Simple question

4∩ε/(1/a+1/b-2/d) where a and b are radius of two spheres and d is the separation

i had assumed vaccum as its media and r is the distance b/w their centres

i think thiz wuld be the answer

OUT OF PORTION !!! i din kno.. can u tell me how u know that?

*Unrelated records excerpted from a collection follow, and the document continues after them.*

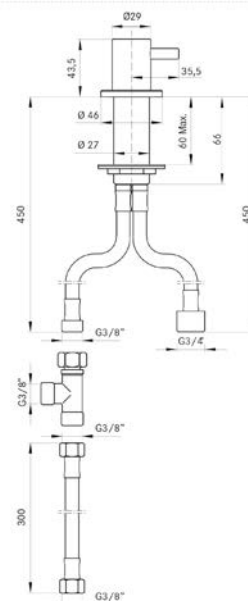

Manuell diskmaskinsavstängning
Höjd över diskbänk: **43,5 mm**
Håltagning: $\varnothing$ 35 mm
Max höjd bänkskiva: **60 mm**

DM-avstängning 112.0527.995
Krom

Pris: **859 kr ex.moms**
1.074 kr inkl.moms
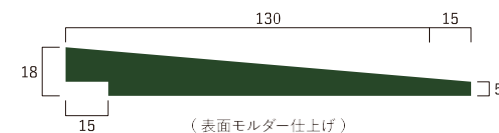

## EK-E 外壁板

¥6,314/m<sup>2</sup> (¥18,700/束) ※税込価格

品番 111 樹種 から松 節有 寸法 L2,500×W130×T15 (mm)

ケース入数 6入(2.964m<sup>2</sup>) 仕様 木目透し加工 無塗装品 ノンホルマリン

## EK-M 外壁板

¥6,314/m<sup>2</sup> (¥18,700/束) ※税込価格

品番 112 樹種 から松 節有 寸法 L3,800×W130×T18 (mm)

ケース入数 6入(2.964m<sup>2</sup>) 仕様 南京下見加工 無塗装品 ノンホルマリン
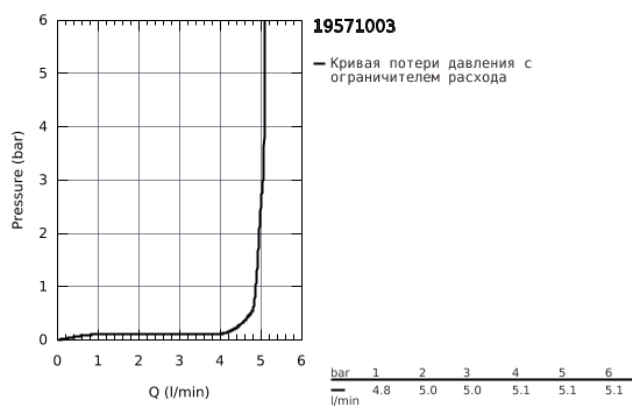

19 571 003 EUROSTYLE СМЕСИТЕЛЬ ДЛЯ РАКОВИНЫ НА ДВА ОТВЕРСТИЯ M-SIZE

ОПИСАНИЕ ПРОДУКТА

- настенный монтаж
- без встраиваемого механизма
- комплект верхней монтажной части для 23 571 000
- металлическая розетка
- металлическая рукоятка (с отверстием)
- GROHE StarLight хромированное покрытие поверхности
- GROHE AquaGuide регулируемый аэратор
- размер по осям 110 мм
- вынос 203 мм

19 571 003 **EUROSTYLE СМЕСИТЕЛЬ ДЛЯ РАКОВИНЫ НА ДВА ОТВЕРСТИЯ**
M-SIZE

ЗАПАСНЫЕ ЧАСТИ

1: Рычаг (Order-nr. 46941000)

2: Регулятор струи (Order-nr. 46837000)

3: Удлинение (Order-nr. 46943000)*

* Optional accessories

answer was given 4πε₀(R₁+R₂)

Can ny one help me out in this?

By definition, put some charge on the system and figure out the potential. The ratio is the capacitance.
I am going to assume that the spheres do not interact. If I put charge Q on the system, it will get divided between the two spheres. Let q₁ and q₂ be the charges on, respectively, the sphere with radius R₁ and R₂. Since the two spheres must be at the same potential, we get
q₁/R₁ = q₂/R₂
Additionally, q₁ + q₂=Q
Solving them we get
q₁ = QR₁/(R₁+R₂) and q₂ = QR₂/(R₁+R₂)
Hence, the common potential of the system
V=\dfrac{q_1}{4\pi\epsilon_0R_1}=\dfrac{Q}{4\pi\epsilon_0(R_1+R_2)}
As such the capacitance is
C=\dfrac{Q}{V}=4\pi\epsilon_0(R_1+R_2)
That's your answer.

The above results will apply if we assume that the potential of each sphere is affected by the other (but still assuming that the charge distribution remains uniform on each sphere).
In this case, continuing my previous notations, the equality of potential give
\dfrac{q_1}{4\pi\epsilon_0R_1}+\dfrac{q_2}{4\pi\epsilon_0d}= \dfrac{q_2}{4\pi\epsilon_0R_2}+\dfrac{q_1}{4\pi\epsilon_0d}
Obviously we still have q₁+q₂ = Q
Solving for q₁ and q₂, we obtain
q_1=Q\dfrac{\frac{1}{R_2}-\frac{1}{d}}{\frac{1}{R_1}+\frac{1}{R_2}-\frac{2}{d}}
and
q_2=Q\dfrac{\frac{1}{R_1}-\frac{1}{d}}{\frac{1}{R_1}+\frac{1}{R_2}-\frac{2}{d}}

Hence, the common potential
V=\dfrac{1}{4\pi \epsilon_0}\left(\dfrac{q_1}{R_1}+\dfrac{q_2}{d}\right)=\dfrac{Q}{4\pi \epsilon_0}\cdot\dfrac{\frac{1}{R_1R_2}-\frac{1}{d^2}}{\frac{1}{R_1}+\frac{1}{R_2}-\frac{2}{d}}
which gives the capacitance as
C=\dfrac{Q}{V}=4\pi \epsilon_0\dfrac{\frac{1}{R_1}+\frac{1}{R_2}-\frac{2}{d}}{\frac{1}{R_1R_2}-\frac{1}{d^2}}
which reduces to the result I previously derived if d →∞.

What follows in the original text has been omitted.